Furthermore, since there is also a transmission loss in the underfloor space, it is thought that the same sound insulation effect can be achieved with one sound insulation shift that is less than half the amount of one normal partition. Therefore, it is sufficient to aim for a sound insulation degree of 20 to 25 according to the ISO standard (same as the BS standard).

As is clear from FIG. 9, the results of the sound insulation performance test of the floor panel of the present invention are at a satisfactory level, exceeding the standard sound insulation degree for office partitions.

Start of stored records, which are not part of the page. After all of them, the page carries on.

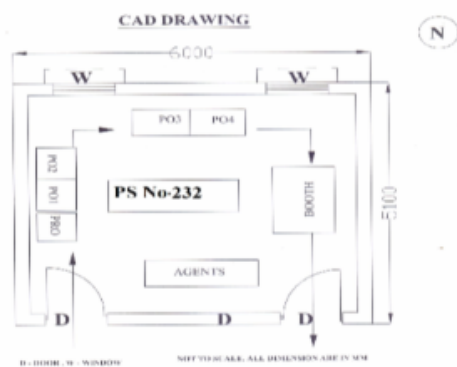

নির্বাচক নিবন্ধন আধিকারিকের স্বাক্ষর

Nazri Naksha

Google Map View

Polling Station Building Front View

Polling Station Front View

Cad View

Key MAP View

1	YDA2063113	নাম : মনিষা চৌধুরী হালদার স্বামীর নাম: ভুবনেশ্বর হালদার বাড়ির নং : n0158 বয়স : 38 লিঙ্গ : মহিলা	ফটো উপলব্ধ	2	YDA2146579	নাম : পূজা দাস স্বামীর নাম: প্রদীপ দাস বাড়ির নং : এন0090 বয়স : 26 লিঙ্গ : মহিলা	ফটো উপলব্ধ	3	YDA2721165	নাম : সুদীপ্তা দাস স্বামীর নাম: দয়াময় দাস বাড়ির নং : N0149 বয়স : 22 লিঙ্গ : মহিলা	ফটো উপলব্ধ
4	YDA2625697	নাম : অর্চিতা দাস স্বামীর নাম: সন্দীপ দাস বাড়ির নং : এন০০৯০ বয়স : 22 লিঙ্গ : মহিলা	ফটো উপলব্ধ	5	YDA2294239	নাম : পুষ্পরানী পণ্ডিত স্বামীর নাম: ধীরেন্দ্র পণ্ডিত বাড়ির নং : n0038 বয়স : 75 লিঙ্গ : মহিলা	ফটো উপলব্ধ	6	YDA2135812	নাম : প্রীতি পণ্ডিত পিতার নাম: উত্তম পণ্ডিত বাড়ির নং : এন0001 বয়স : 25 লিঙ্গ : মহিলা	ফটো উপলব্ধ
7	WB/42/292/342242	নাম : হাসিরানী পণ্ডিত স্বামীর নাম: বীরেন্দ্র পণ্ডিত বাড়ির নং : n0039 বয়স : 65 লিঙ্গ : মহিলা	ফটো উপলব্ধ	8	WB/42/292/342260	নাম : বীরেন্দ্র পণ্ডিত পিতার নাম: কিরীটীভূষণ পণ্ডিত বাড়ির নং : n0039 বয়স : 72 লিঙ্গ : পুরুষ	ফটো উপলব্ধ	9	YDA1650464	নাম : শম্পা ব্যানার্জী (পন্ডিত) স্বামীর নাম: কল্যান কুমার পণ্ডিত বাড়ির নং : n0038 বয়স : 34 লিঙ্গ : মহিলা	ফটো উপলব্ধ
10	YDA1851807	নাম : শুক্লা মুখার্জী(পণ্ডিত) স্বামীর নাম: আশুতোষ পণ্ডিত বাড়ির নং : n0001 বয়স : 31 লিঙ্গ : মহিলা	ফটো উপলব্ধ	11	MYH2869295	নাম : আশুতোষ পণ্ডিত পিতার নাম: চন্ডী চরণ পণ্ডিত বাড়ির নং : n0001 বয়স : 38 লিঙ্গ : পুরুষ	ফটো উপলব্ধ	12	MYH1323765	নাম : শিল্পী পন্ডিত স্বামীর নাম: উত্তম পন্ডিত বাড়ির নং : n0001 বয়স : 48 লিঙ্গ : মহিলা	ফটো উপলব্ধ
13	WB/42/292/342247	নাম : চন্দ্রানী পণ্ডিত স্বামীর নাম: গৌতম পণ্ডিত বাড়ির নং : n0001 বয়স : 52 লিঙ্গ : মহিলা	ফটো উপলব্ধ	14	WB/42/292/342295	নাম : গৌতম কুমার পণ্ডিত পিতার নাম: অদিতি কুমার পণ্ডিত বাড়ির নং : n0001 বয়স : 61 লিঙ্গ : পুরুষ	ফটো উপলব্ধ	15	MYH1323773	নাম : য়েনকা পণ্ডিত স্বামীর নাম: নন্দদুলাল পণ্ডিত বাড়ির নং : n0001 বয়স : 55 লিঙ্গ : মহিলা	ফটো উপলব্ধ
16	WB/42/292/342281	নাম : নন্দদুলাল পণ্ডিত পিতার নাম: অদিতি পণ্ডিত বাড়ির নং : n0001 বয়স : 63 লিঙ্গ : পুরুষ	ফটো উপলব্ধ	17	WB/42/292/342244	নাম : লক্ষী পণ্ডিত স্বামীর নাম: চন্ডীচরণ পণ্ডিত বাড়ির নং : n0001 বয়স : 66 লিঙ্গ : মহিলা	ফটো উপলব্ধ	18	MYH1540376	নাম : কাঞ্চন কুমার পন্ডিত পিতার নাম: বীরেন্দ্র কুমার পন্ডিত বাড়ির নং : n0039 বয়স : 43 লিঙ্গ : পুরুষ	ফটো উপলব্ধ
19	YDA1938331	নাম : পারমিতা ব্যানার্জী (পণ্ডিত) স্বামীর নাম: কাঞ্চন কুমার পণ্ডিত বাড়ির নং : n0039 বয়স : 29 লিঙ্গ : মহিলা	ফটো উপলব্ধ	20	YDA2293975	নাম : কল্যাণ পণ্ডিত পিতার নাম: ধীরেন্দ্র পন্ডিত বাড়ির নং : n0038 বয়স : 52 লিঙ্গ : পুরুষ	ফটো উপলব্ধ	21	TQF1852185	নাম : রিয়া সরকার পাল স্বামীর নাম: অসিত কুমার পাল বাড়ির নং : এন0002 বয়স : 28 লিঙ্গ : মহিলা	ফটো উপলব্ধ
22	YDA1938323	নাম : অসিত কুমার পাল পিতার নাম: মৃত্যুঞ্জয় পাল বাড়ির নং : n0002 বয়স : 28 লিঙ্গ : পুরুষ	ফটো উপলব্ধ	23	YDA2146512	নাম : সুস্মিতা পাল স্বামীর নাম: অমিত পাল বাড়ির নং : 239 বয়স : 26 লিঙ্গ : মহিলা	ফটো উপলব্ধ	24	YDA2063071	নাম : পুষ্পেন্দু পাল পিতার নাম: ধনঞ্জয় পাল বাড়ির নং : n0154 বয়স : 26 লিঙ্গ : পুরুষ	ফটো উপলব্ধ
25	MYH2287696	নাম : প্রভাতী পাল স্বামীর নাম: সদানন্দ পাল বাড়ির নং : n0004 বয়স : 44 লিঙ্গ : মহিলা	ফটো উপলব্ধ	26	WB/42/292/342336	নাম : সদানন্দ পাল পিতার নাম: কাশীনাথ পাল বাড়ির নং : n0004 বয়স : 53 লিঙ্গ : পুরুষ	ফটো উপলব্ধ	27	WB/42/292/342450	নাম : মীরারানী পাল স্বামীর নাম: কাশীনাথ পাল বাড়ির নং : n0004 বয়স : 73 লিঙ্গ : মহিলা	ফটো উপলব্ধ
28	YDA0997171	নাম : মিঠু পাল স্বামীর নাম: উত্তম পাল বাড়ির নং : n0003 বয়স : 37 লিঙ্গ : মহিলা	ফটো উপলব্ধ	29	MYH1325083	নাম : উত্তম পাল পিতার নাম: সুনীল পাল বাড়ির নং : n0003 বয়স : 45 লিঙ্গ : পুরুষ	ফটো উপলব্ধ	30	WB/42/292/342466	নাম : ছায়ারানী পাল স্বামীর নাম: সুনীল পাল বাড়ির নং : n0003 বয়স : 61 লিঙ্গ : মহিলা	ফটো উপলব্ধ

[Brief explanation of the drawing]

FIG. 1 is a perspective view of one embodiment of the floor panel of the present invention. Figure 2 is a bottom view of the floor panel in Figure 1, Figure 3 is
FIG. 2 is a cross-sectional view taken along line l-1 in FIG. 2; FIG. 4 is a partially cutaway perspective view of the floor panel of FIG. 1. FIG. 5 is a perspective view of one embodiment of the support leg. FIG. 3 is a perspective view of the main parts showing the floor panel installation state. FIG. 7 is a sectional view showing the relationship between the ribs and support legs of the floor panel of the present invention. FIG. 8 is a load-deflection diagram of the floor panel. FIG. 9 is a diagram showing the sound insulation effect of the floor panel of the present invention. 1...Floor panel. 2...Surface plate. 3...Back board. 4...Filling material. 6G...Annular rib. 66...Peripheral rib. 6c...Other strong ribs. Figure 2 Figure 7 Figure 8 Deflection (mm)

Claims (4)

[Claims] (1) In a floor panel formed by joining a front plate made of a steel plate and a back plate made of a steel plate to each other at least at their edges, an annular rib projects in the center of the back plate in a direction opposite to the front plate. a peripheral rib that protrudes in the same direction as the annular rib and extends so as to surround the annular rib is formed along the edge of the back plate, and the annular rib and the peripheral rib are A reinforcing rib is formed on the back plate and extends in the direction of the supporting leg engaging portion of the floor panel, and a reinforcing rib is formed on the back plate and extends along the edge of the back plate on the outside of the peripheral rib of the back plate. 1. A floor panel characterized in that a flat part is formed in a band shape and contacts the front plate, and an inorganic filler is sealed in a space between the front plate and the back plate. (2) A packing mounting groove extending along the edge of the floor panel is formed between the outer side of the flat part of the back plate and the front plate. floor panel. (3) The peripheral edge of the recess surrounded by the annular rib, the peripheral rib, and the reinforcing rib of the back plate is formed into an arc shape, and a plurality of conical recesses that contact the front plate are provided in the recess. 2. The floor panel according to claim 1, wherein the back plate and the front plate are spot welded in the conical recess. (4) The floor panel according to claim 1 or 3, wherein the front plate and the back plate are spot-welded at appropriate intervals along the flat portion of the back plate.